もし、解雇しにくいからいじめをする、という命題が正しいのであれば、これだけ解雇がやりたい放題な中小零細企業が圧倒的な労働局あっせん事案では、それを回避するためのめんどくさいいじめ事案なんかあんまり出てこないはずですね。

ところがどっこい、労働局あっせん事案は解雇も山のようにありますが、最近はそれ以上にいじめ嫌がらせによる自己都合退職事案がごまんとあります。もちろん、解雇もいくらでもやれそうな中小零細企業です。

・10001(派男):派遣先上司から時間外に個室で業務指導(説教)で退職(3万円で解決)

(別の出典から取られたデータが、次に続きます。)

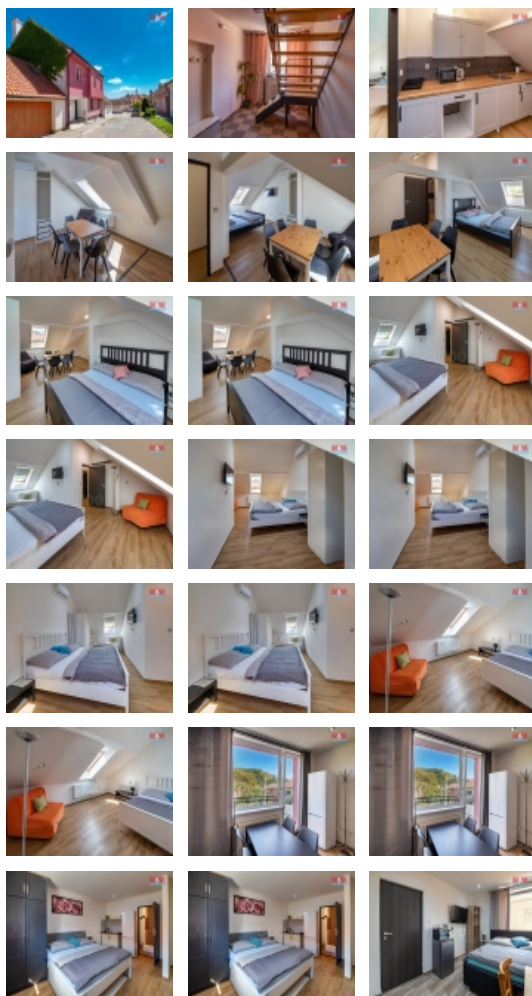

Informace o nemovitosti

Počet podlaží objektu	1
Druh objektu	cihlová
Stav objektu	po rekonstrukci
Vlastnictví	osobní
Vlastní pozemek (m²)	250
Vybavení	sklep zahrada
Umístění objektu	klidná část obce
Vybaveno	Nezařizeno
Doprava	vlak silnice MHD autobus
Odpad	Městská kanalizace
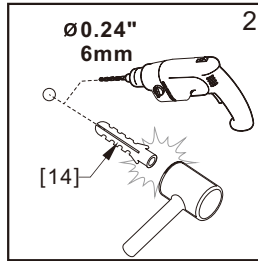

# ● Assembly

01

Size	L1
48"(1219mm)	44.4"-48.3"(1127-1228mm)
56"(1422mm)	52.4"-56.3"(1330-1431mm)
60"(1524mm)	56.4"-60.3"(1431-1533mm)
64"(1626mm)	60.4"-64.3"(1533-1635mm)
68"(1727mm)	64.4"-68.3"(1635-1736mm)

Size	L2
36"(914mm)	35-35.8"(889-909mm)

L2

L1

02

04

**3x**

06

LH
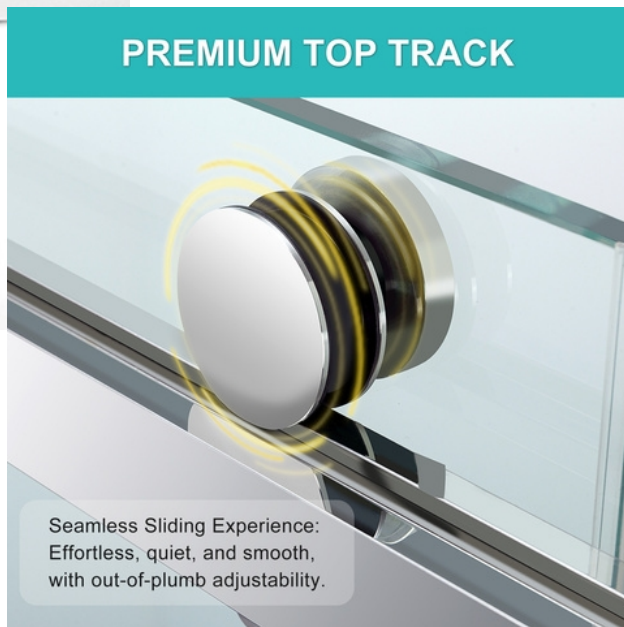

PREMIUM TOP TRACK
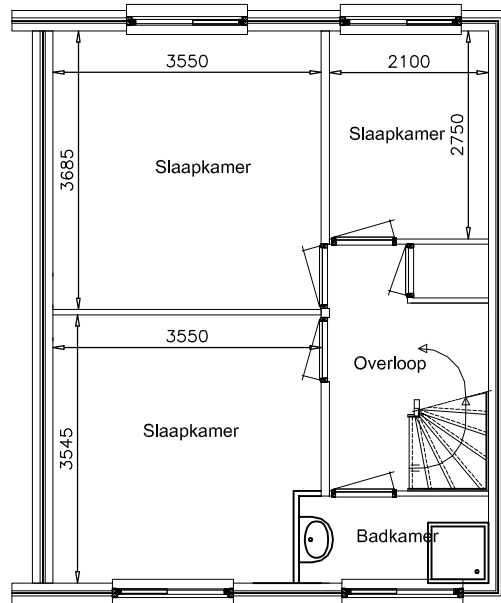

begane grond

1e Verdieping

zolder

Tekening is niet op schaal  
Tekening is niet bindend

Adres:	Raadhuisstraat 31
VHE nummer:	4664
Complex:	4303
Getekend:	29-12-2019
	Gewl.jzgd:
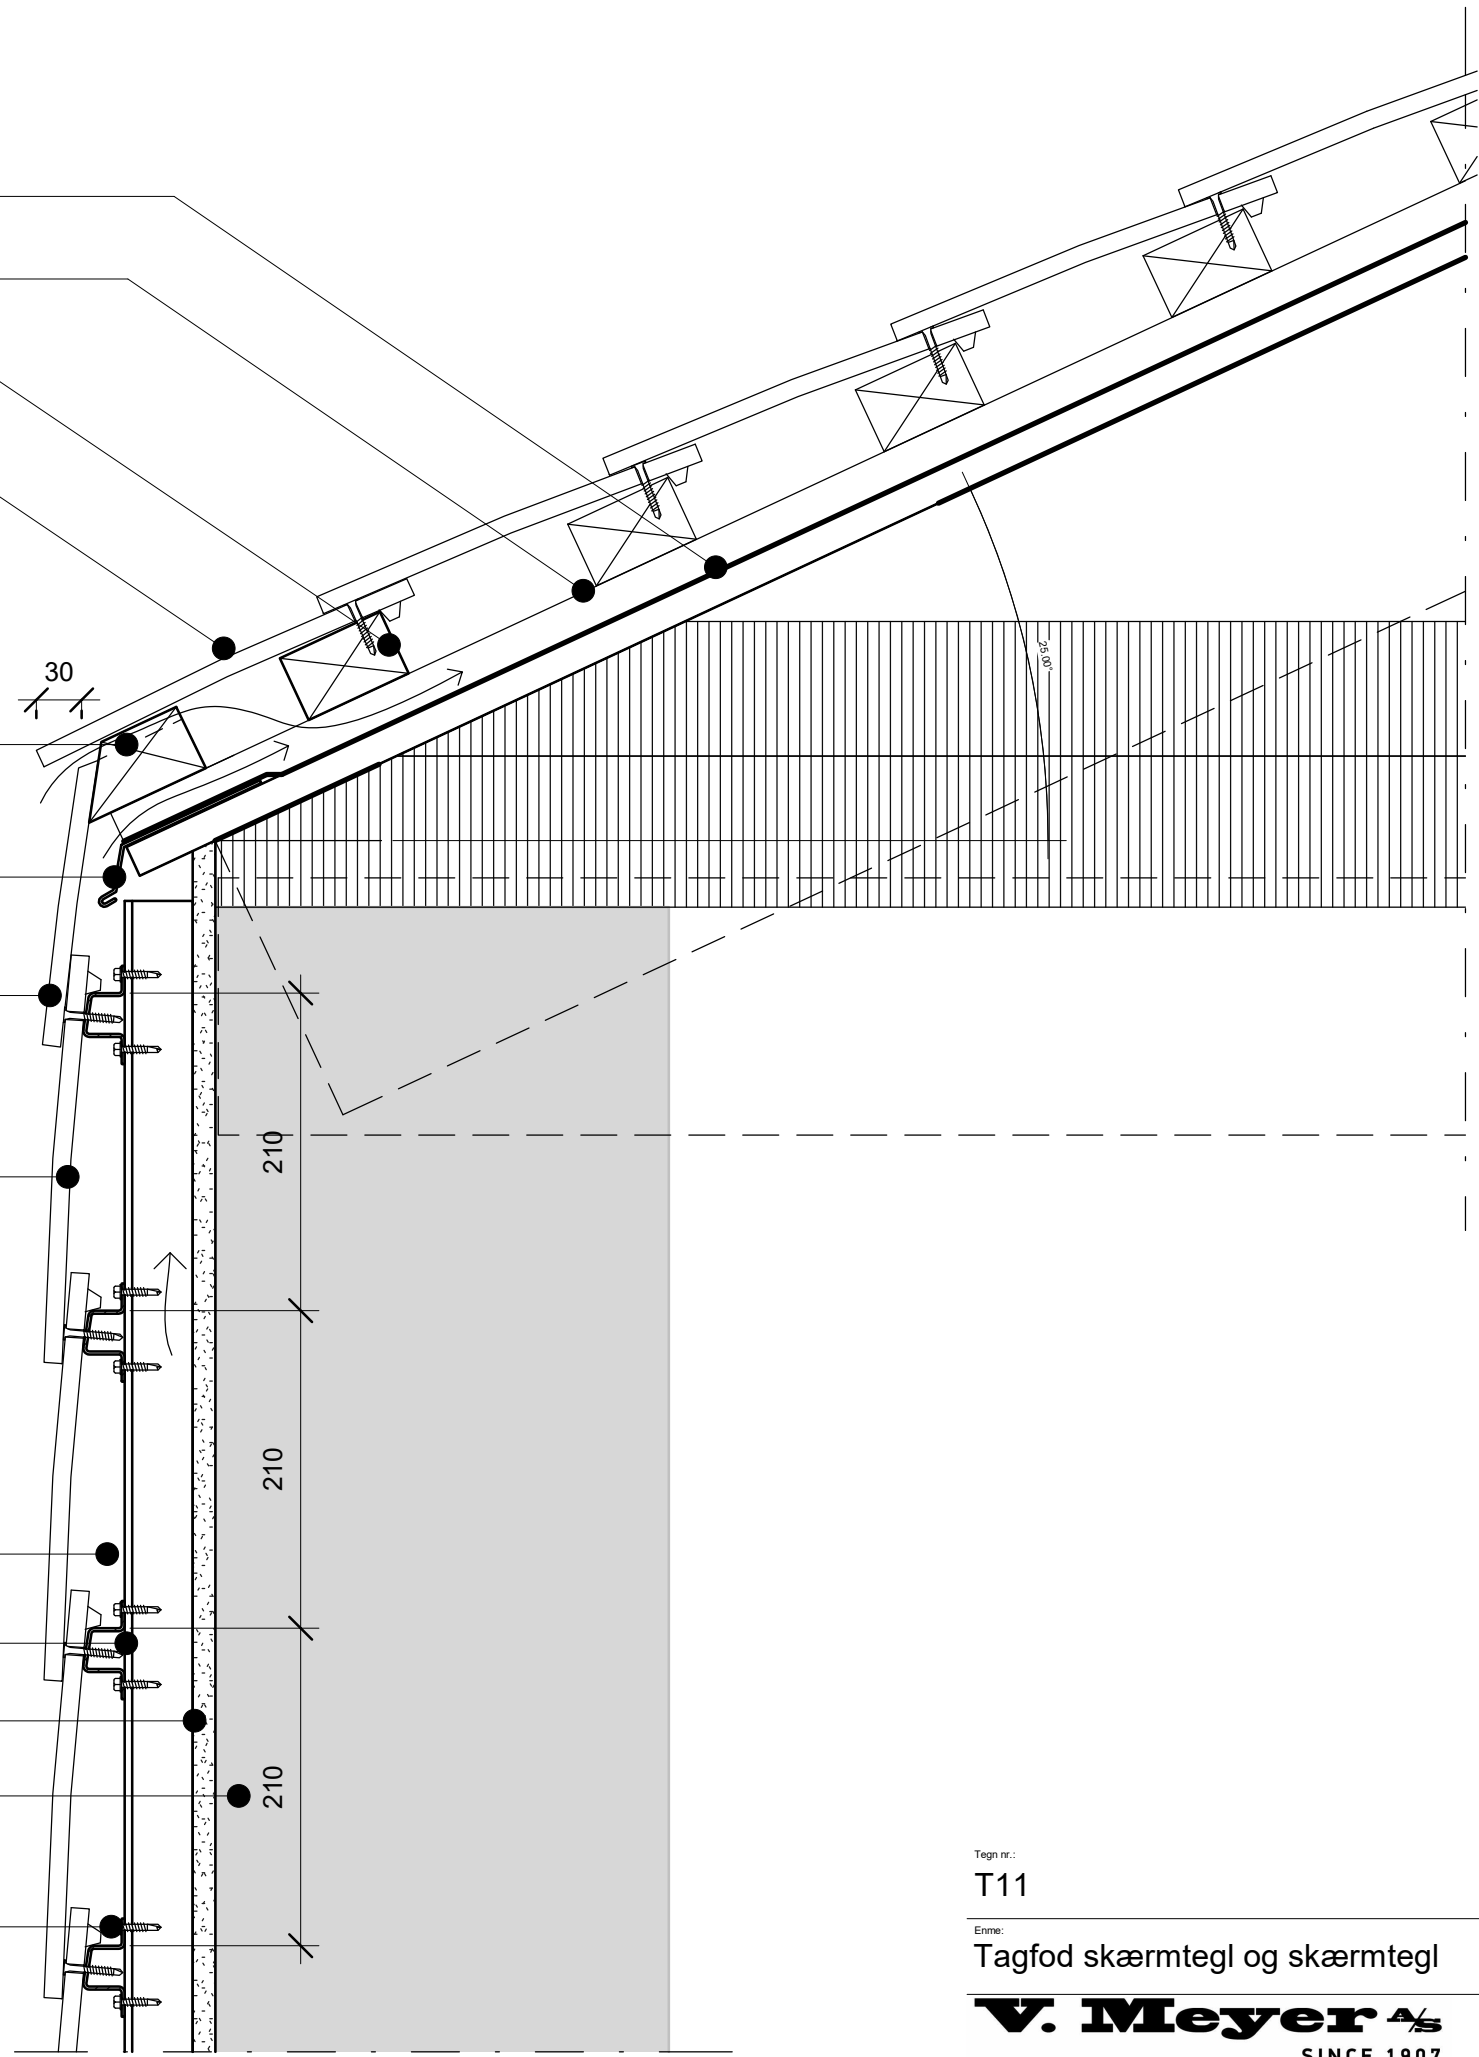

Tagpap
Afstandsliste 25 mm
Lægte 38 x 73 mm
Eminence skærmtegl

Tilpasset lægte
Fodblik

Eminence skærmtegl
Facadeskrue til aluminium

Eminence aluminiumslægte
Afstandslisskinner
Vindplade
Bærende konstruktion

Selvskærende skrue til aluminium

Tegn nr.:
T11

Enne:
Tagfod skærmtegl og skærmtegl

V. Meyer
SINCE 1907

Type:
Eminence Skærmtegl

Dato:
05/19/20

Skala:
1 : 5

Adresse:
Adresse: Vallensbækvej 26-28
Telefon: +45 33 79 33 66
E-mail: info@vmeyer.dk

・10027(正女):同僚から言葉の暴力やセクハラまがいをされ退職(10万円で解決)

・10084(非男):同僚からのいじめについて異動させるとの約束を守られず退職(22.5万円で解決)

・10157(正女):上司から仕事ミスを厳しく叱責され、モニターで監視され退職(打切り)

・10215(正女):事務に向かないと異動を強要、心療内科に通い、退職(45万円で解決)

・10218(正女):「あなたの席はそこではない」等と言われ、退職(不参加)

・20090(非女):同僚3人からいじめを受け、上司も対応せず、退職(打切り)

・20118(正男):勝手に作業手順を変え問題を起こしたため掃除を命じられ退職(取下げ)

・20121(正女):先輩店員にいじめられ、店長に相談しても対応せず退職(25万円で解決)

・20124(正男):上司からパワハラを受け、心身にストレスがたまり退職(打切り)

・20158(正男):素手で便器掃除やゴミ片付けをさせられ、ボケ、バカと言われた(打切り)

・20212(非女):店長から「年取って邪魔なのでハローワークで仕事を探すように」と言われ退職(不参加)

・30034(派女):いじめから生ずる心身ストレスで勤務できなくなった(打切り)

・30035(派女):派遣先のいじめで他の職場に変えてもらえずうつ病で働けなくなった(打切り)

・30094(非女):公休日を無断欠勤扱いされ、中傷メモを貼られ、追い込まれ退職(打切り)

・30098(正男):不眠症から復職しようとしたら社長から暴言、うつ病で退職(18万円で解決)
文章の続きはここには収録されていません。